Rocha foi o primeiro. Em maio, em artigo no jornal “Folha de S.Paulo”, ele anunciou desligamento do instituto e justificou dizendo não ter gostado de ver o Brasil 200 “envolvido no debate cotidiano da política”. Também saíram nomes como João Appolinário (Polishop), Sebastião Bomfim (Centauro) e Helcio Honda, diretor jurídico da Fiesp que chegou a ser o vice-presidente da entidade. Procurados, eles não quiseram falar.
O GLOBO ouviu na última semana uma série de empresários que foram ativos no instituto. Eles contaram que os incômodos começaram quando o grupo passou a atacar a China, maior parceiro comercial do país. Vários membros têm relações comerciais com o gigante asiático, mas o Brasil 200 endossou o tom crítico dos filhos do presidente à reação chinesa à epidemia. Também incomodou a defesa na flexibilização do acesso às armas, uma das bandeiras bolsonaristas. E há críticas de que a pauta do instituto era dominada às vezes por interesses de seus empresários mais influentes. Exemplo: nos debates da reforma tributária, a maior bandeira era a defesa do imposto único, obsessão de Flávio Rocha.
Gabriel Kanner, presidente do Brasil 200 e sobrinho de Rocha, minimiza os problemas. Ele nega ruptura com o tio e defende a pauta do instituto. Segundo ele, a defesa do armamento atende à essência conservadora do grupo e diz que é preciso debater o tema chinês:
— A China tem que ser responsabilizada pelo que aconteceu. É uma ditadura comunista e acabou agravando a pandemia mundial.
A investigação sobre o financiamento das fake news gerou novos constrangimentos. O episódio que liga o inquérito em tramitação no STF ao grupo é uma mensagem na qual o empresário Edgard Corona, da Smart Fit, diz aos outros membros que precisava de dinheiro para investir em marketing e impulsionar vídeos de ataques a Rodrigo Maia. A mensagem foi disparada em fevereiro, quando o debate da reforma tributária avançava em Brasília e integrantes do grupo divergiam da forma como o presidente da Câmara o conduzia. Outro membro do Brasil 200, o empresário Luciano Hang, dono da Havan, também é investigado por suspeita de patrocinar fake news.

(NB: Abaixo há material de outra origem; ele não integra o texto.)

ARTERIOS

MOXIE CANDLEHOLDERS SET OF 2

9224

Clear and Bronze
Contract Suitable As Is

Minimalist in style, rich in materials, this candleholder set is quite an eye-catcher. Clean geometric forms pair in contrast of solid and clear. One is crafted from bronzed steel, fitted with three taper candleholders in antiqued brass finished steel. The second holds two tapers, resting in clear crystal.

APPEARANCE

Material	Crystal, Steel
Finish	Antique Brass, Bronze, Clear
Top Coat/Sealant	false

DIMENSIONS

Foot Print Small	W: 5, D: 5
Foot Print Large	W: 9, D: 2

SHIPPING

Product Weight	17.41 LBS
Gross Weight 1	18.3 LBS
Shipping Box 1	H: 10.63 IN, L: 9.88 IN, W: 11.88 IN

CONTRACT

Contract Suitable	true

— A mensagem dele (Corona) não diz nada e não me recordo se tivemos comentários depois. Acredito que não teve ação consequente — afirmou Kanner, que diz não ter conversado com Corona ou Hang após a atuação da Polícia Federal e espera os próximos passos para decidir o futuro dos dois.
Ex-integrantes do grupo ouvidos pelo GLOBO sob anonimato afirmam que nunca se debateu abertamente eventual apoio às fake news. Mas admitem que a radicalização do discurso político do grupo pode ter criado um ambiente “confortável” para investidas como a de Corona. Nos próximos dias, o Brasil 200 deverá promover um evento para comunicar a entrada da entidade no conselho do Pátria Voluntária, programa social da primeira-dama Michelle Bolsonaro.
O grupo de empresários liberais não é o único com divergências políticas. Dez dias após serem lançados, os movimentos que propõem uma frente ampla pela democracia — o “Estamos Juntos —, formado por artistas, políticos, empresários e intelectuais, e o “Basta!”, encampado por advogados — estão com dificuldade para unir representantes políticos em torno do projeto. No início deste mês, o ex-presidente Luiz Inácio Lula da Silva afirmou que não se juntaria ao “Estamos Juntos”, apesar de Fernando Haddad, ex-candidato do PT à Presidência, ser um dos signatários. Lula justificou que não marchará ao lado de quem apoiou o impeachment de Dilma Rousseff. No campo conservador, o Movimento Brasil Livre (MBL) e a deputada Janaína Pascoal já se pronunciaram afirmando que as iniciativas são precipitadas.